Note
Go to the end to download the full example code
One-Shot All-Reduce Example#
This example demonstrates how to implement a one-shot pulling all-reduce operation using Helion and PyTorch’s distributed capabilities. It includes a Helion kernel demonstrating how to do cross-device synchronization using symmetric memory signal pads and access symmetric memory tensor resident on peer devices.
Imports#
from __future__ import annotations
import os
import torch
import torch.distributed as dist
import torch.distributed._symmetric_memory as symm_mem
from torch.utils.cpp_extension import load_inline
import helion
from helion._testing import DEVICE
from helion._testing import run_example
import helion.language as hl
Work around before symm mem natively supports extract dev_ptrs as tensors: from_blob
from_blob_cpp = """
#include <cuda.h>
#include <cuda_runtime.h>
#include <iostream>
at::Tensor from_blob(uint64_t data_ptr, c10::IntArrayRef sizes, py::object dtype) {
at::Tensor tensor = at::for_blob((void*)data_ptr, sizes)
.deleter([](void *ptr) {
;
})
.options(at::device(at::kCUDA).dtype(((THPDtype*)dtype.ptr())->scalar_type))
.make_tensor();
return tensor;
}
"""
cpp_mod = load_inline(
"cpp_mod", cpp_sources=from_blob_cpp, with_cuda=True, functions=["from_blob"]
)
def dev_array_to_tensor_short(
dev_array_ptr: int, shape: tuple[int], dtype: torch.dtype, device: torch.device
) -> torch.Tensor:
"""
Convert a device array pointer to a PyTorch tensor.
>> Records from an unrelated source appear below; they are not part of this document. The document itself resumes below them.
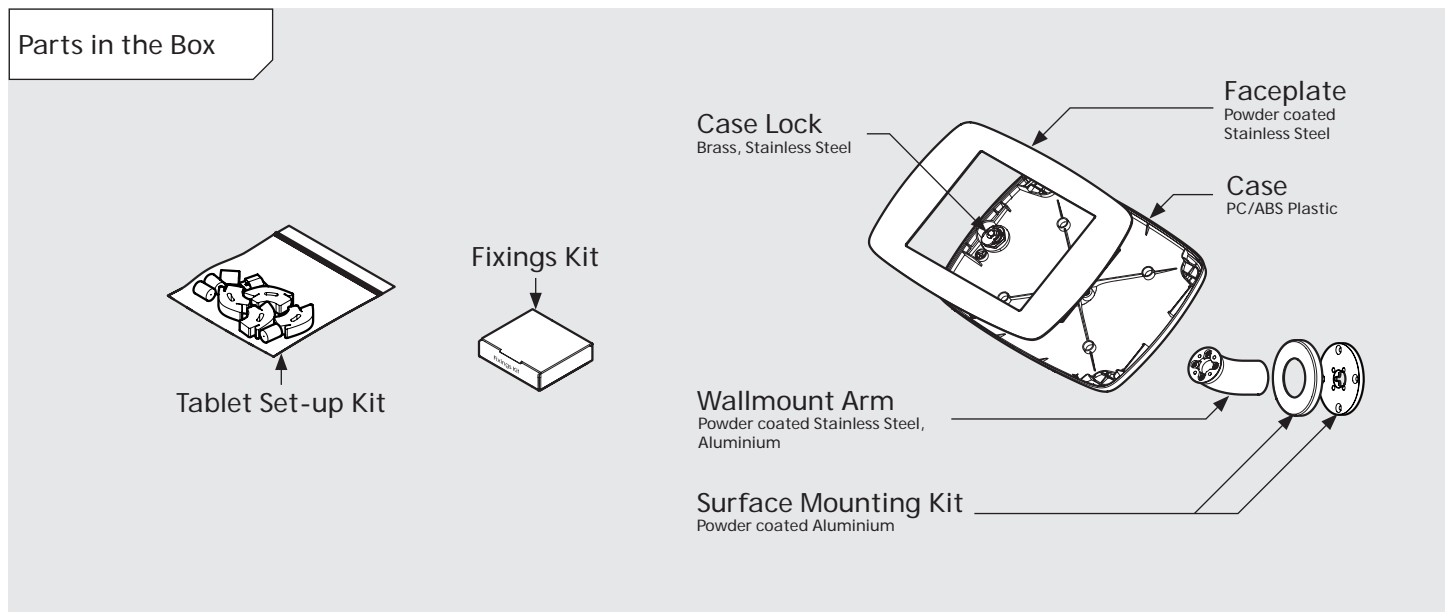

- iPad Pro 12.9" 1st Gen
- iPad Pro 12.9" 2nd Gen
- iPad Pro 12.9" 3rd Gen
- Microsoft Surface Pro 4
- Microsoft Surface Pro 5

PRODUCT DATA SHEET - BOUNCEPAD WALLMOUNT

Case: Mini
Arm: Wallmount
Mounting: Fixing from Below
 Fixing from Above
Packaged weight: 1.66kg
Colour: White
 Black

This is a workaround function that creates a PyTorch tensor from a raw device pointer
using the C++ extension. It's used to interface with symmetric memory device pointers
before native support is available.
Args:
dev_array_ptr: Raw device pointer as integer
shape: Shape of the tensor to create
dtype: PyTorch data type for the tensor
device: Target device for the tensor
Returns:
PyTorch tensor created from the device pointer
"""
return cpp_mod.from_blob(dev_array_ptr, shape, dtype) # pyright: ignore[reportAttributeAccessIssue]
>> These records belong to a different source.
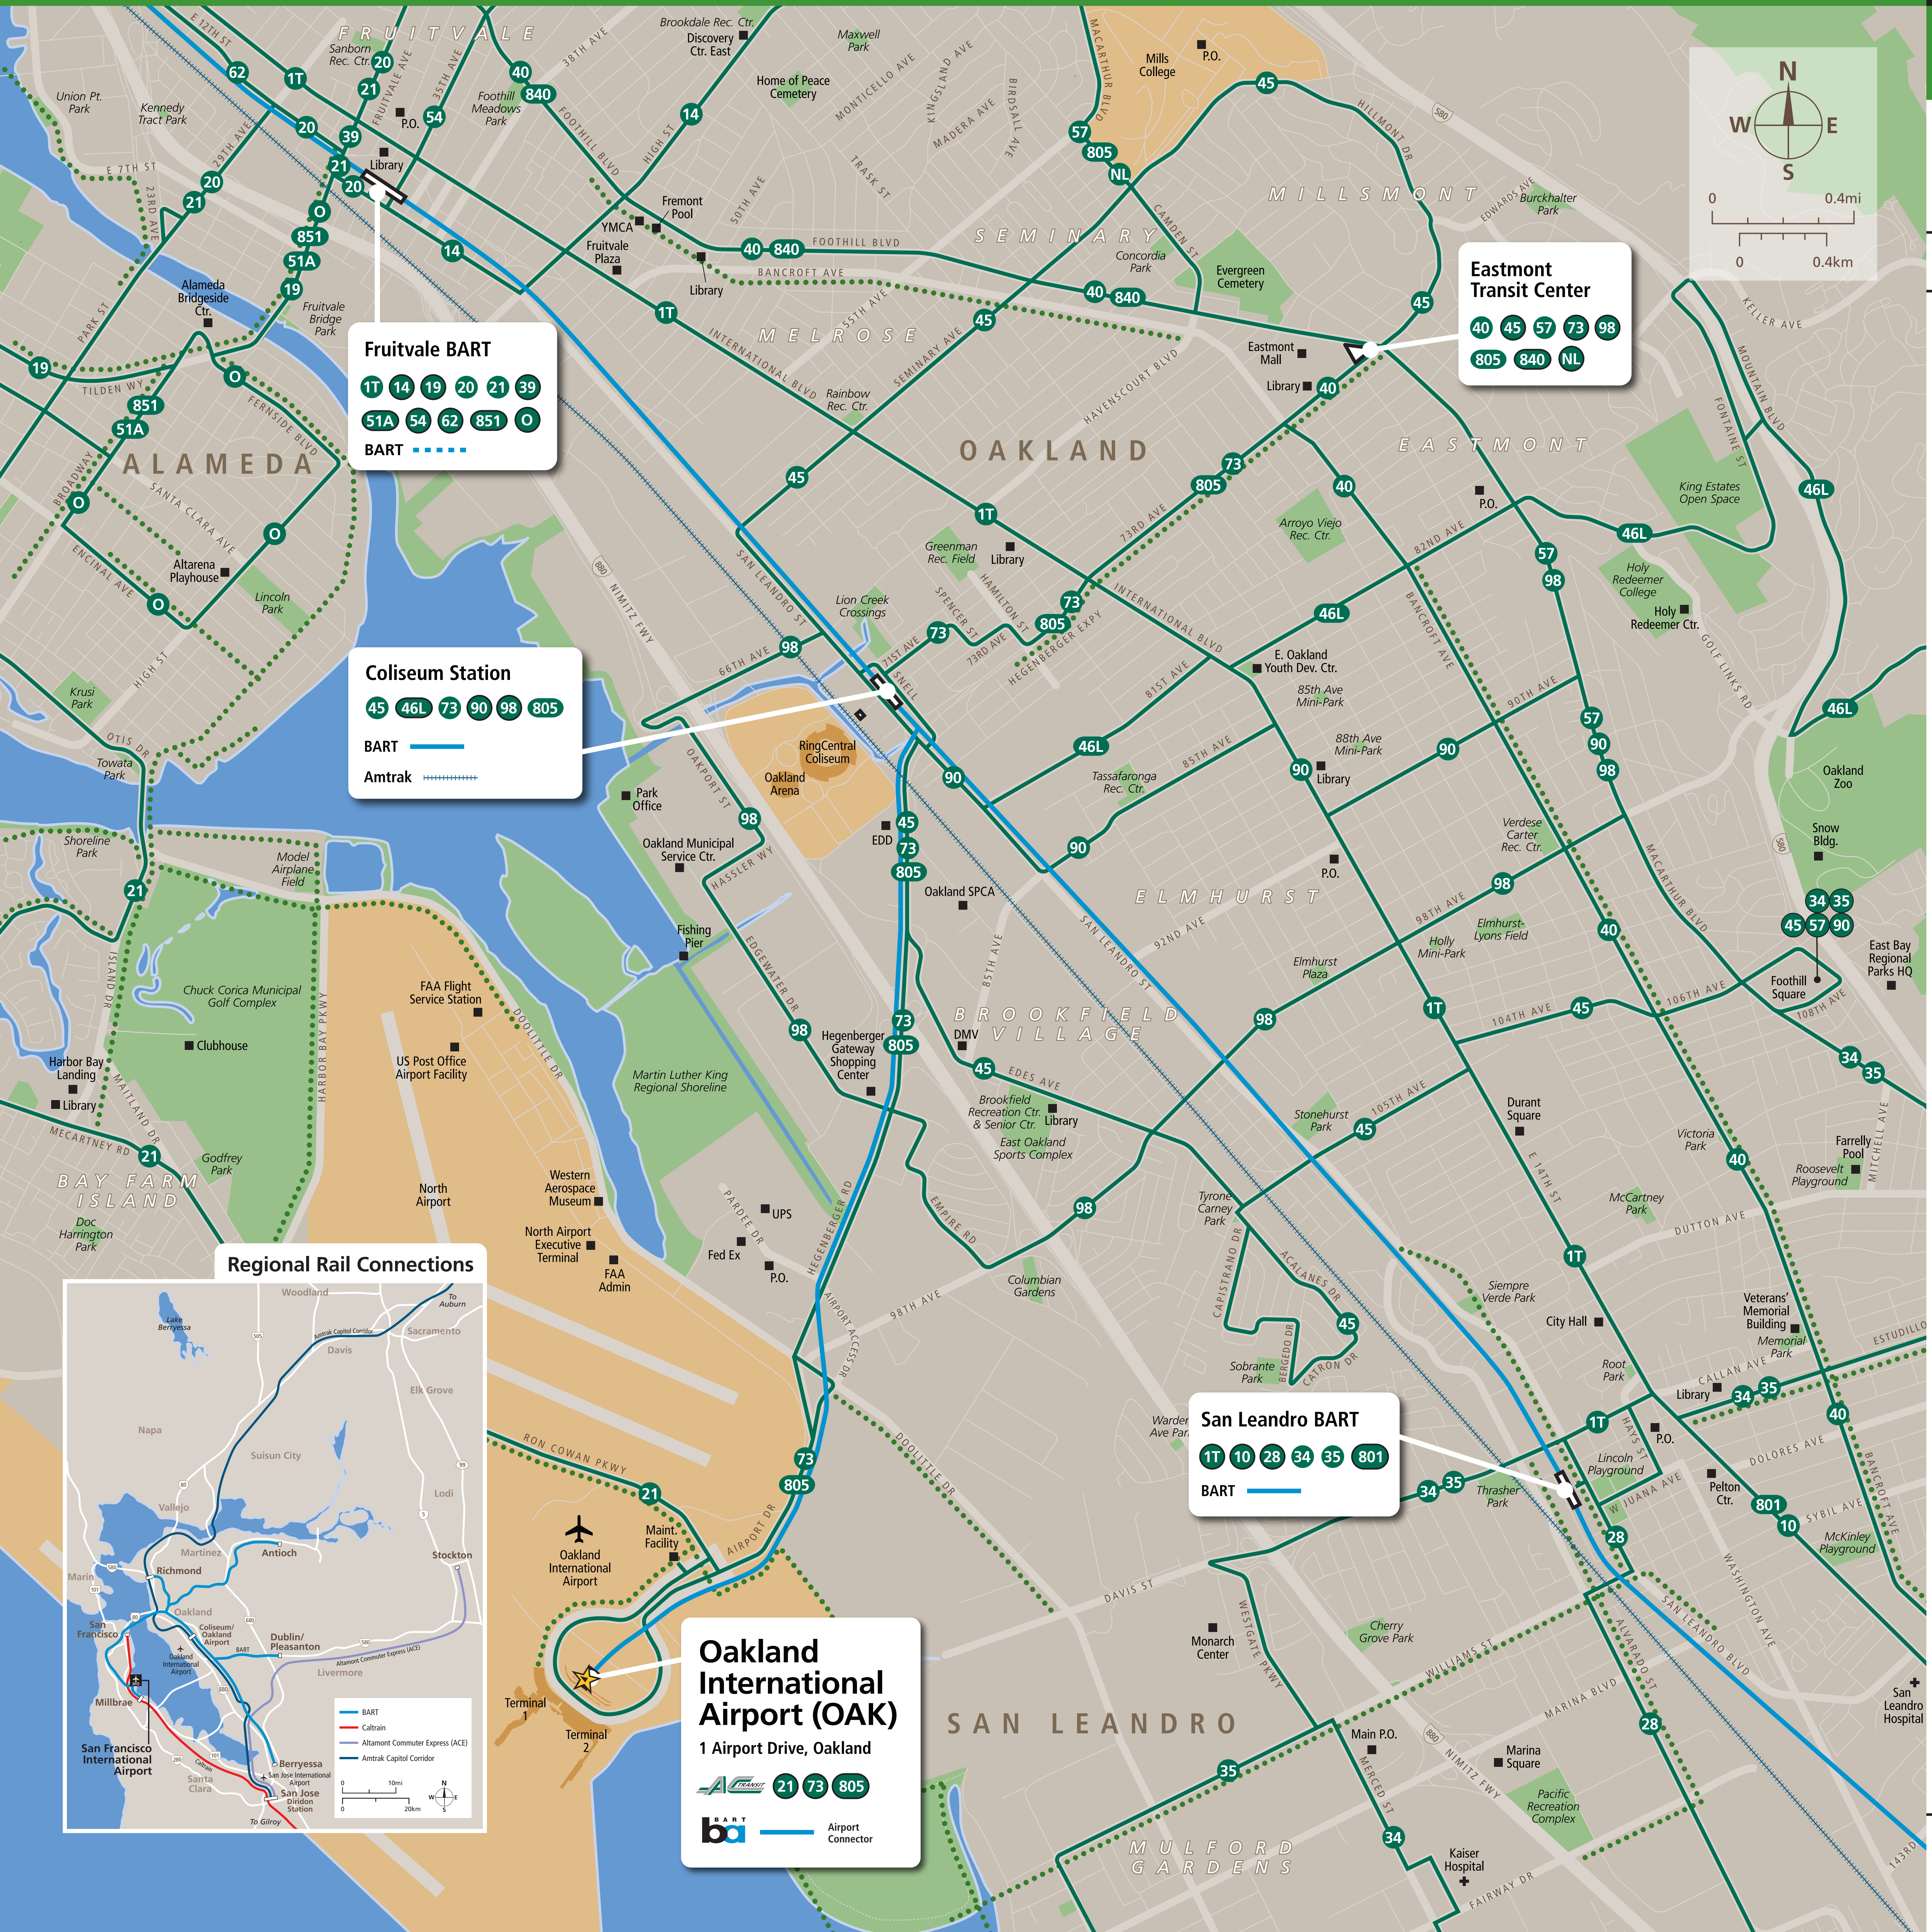

Transit Routes

Rutas del tránsito

公車路線圖

Fruitvale BART

1T 14 19 20 21 39
51A 54 62 851 O
BART

Coliseum Station

45 46L 73 90 98 805
BART
Amtrak

Eastmont Transit Center

40 45 57 73 98
805 840 NL

San Leandro BART

1T 10 28 34 35 801
BART

Oakland International Airport (OAK)
1 Airport Drive, Oakland

21 73 805
Airport Connector

Transit Information

Oakland International Airport

Oakland

Map Key

- You Are Here
- 5-Minute Walk
  1000ft/305m Radius
- BART
- Amtrak Capitol Corridor
- AC Transit
- Route Terminus
- Bicycle Trail or Lane

This map does not show all commuter, express, special event, or all-night routes. Service may vary with time of day or day of week. Service changes may have occurred since printing. Please consult transit agency schedule or contact 511 for more information.

One Shot All-Reduce Kernel Implementation#
@helion.jit(
config=helion.Config(
block_sizes=[8192],
num_warps=32,
),
static_shapes=True,
)
def one_shot_all_reduce_kernel(
signal_pad_addrs: torch.Tensor,
local_signal_pad: torch.Tensor,
a_shared_tuple: tuple[torch.Tensor, ...],
my_rank: hl.constexpr,
) -> torch.Tensor:
"""
Helion JIT-compiled kernel for one-shot all-reduce operation.
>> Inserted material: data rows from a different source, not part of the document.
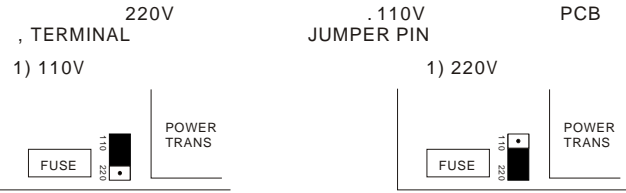

CDI-2000D INSTRUCTION MANUAL

Power

CDI-2000

CDI-2001,2,3

MODEL : CDI-200

OUTPUT

- 0 : Display only
- 1 : 4-20mA DC Standard
- 2 : Alarm output 2-points
- 3 : DC Signal & Alarm 2-points

INPUT

- C : 4-20mA DC
- V : DC Voltage
- R : Pt100
- P : Potentiometer
- O : Other Spec.

*Model : CDI-2000-(0)
CDI-2001 -(1)
CDI-2002 -(2)
CDI-2003 -(3)

High Alarm Setting
(2)(3)

Low Alarm Setting
(2)(3)

(2)(3)

High Range Scale
() 100%
(0)(1)(2)(3)

Low Range Scale
() 0%
(0)(1)(2)(3)

(0)(1)(2)(3)

ZERO OFFSET
(0)(1)(2)(3)

LOW CUT
ON - OFF
(0)(1)(2)(3)

Response Time
(sec)
(0)(1)(2)(3)

Analog output
ZERO SET
(1)(3)

Analog output
SPAN SET
(1)(3)

This kernel implements a distributed all-reduce using symmetric memory and signal pads
for cross-device synchronization. It performs element-wise summation across all devices
in the distributed group using tiled computation for memory efficiency.
Args:
signal_pad_addrs: Tensor containing addresses of signal pads for all devices
local_signal_pad: Local signal pad for synchronization
a_shared_tuple: Tuple of shared tensors from all devices in the group
my_rank: Current device's rank in the distributed group
Returns:
Tensor containing the all-reduced result (sum across all devices)
"""
_, world_size = local_signal_pad.size()
world_size = hl.specialize(world_size)
out = torch.empty_like(a_shared_tuple[0])
N = out.size(0)
for tile_n in hl.tile(N):
# Sync all devices through signal_pad to make sure
# all previous writes to the shared tensor are visible
ptr_tile = signal_pad_addrs[:]
stack_signalpad = hl.stacktensor_like(local_signal_pad, ptr_tile)
hl.signal(
stack_signalpad,
[tile_n.id, my_rank],
signal=1,
wait_for=0,
scope="sys",
hasPreviousMemAccess=False,
)
for world in hl.tile(world_size, block_size=world_size):
hl.wait(
local_signal_pad,
[tile_n.id, world],
signal=1,
update=0,
scope="sys",
)
acc = hl.zeros(
[tile_n], dtype=a_shared_tuple[0].dtype, device=local_signal_pad.device
)
for a in a_shared_tuple:
acc += a[tile_n]
out[tile_n] = acc
# Sync all devices through signal_pad to make sure our writes to shared
# tensor are visible to subsequent kernels.
hl.signal(
stack_signalpad, [tile_n.id, my_rank], signal=1, wait_for=0, scope="sys"
)
for world in hl.tile(world_size, block_size=world_size):
hl.wait(
local_signal_pad,
[tile_n.id, world],
signal=1,
update=0,
scope="sys",
hasSubsequentMemAccess=False,
)
return out
Attract tensors from symmetric memory handler#
def helion_one_shot_all_reduce(a_shared: torch.Tensor) -> torch.Tensor:
"""
Prepares symmetric memory tensors for Helion one-shot all-reduce kernel.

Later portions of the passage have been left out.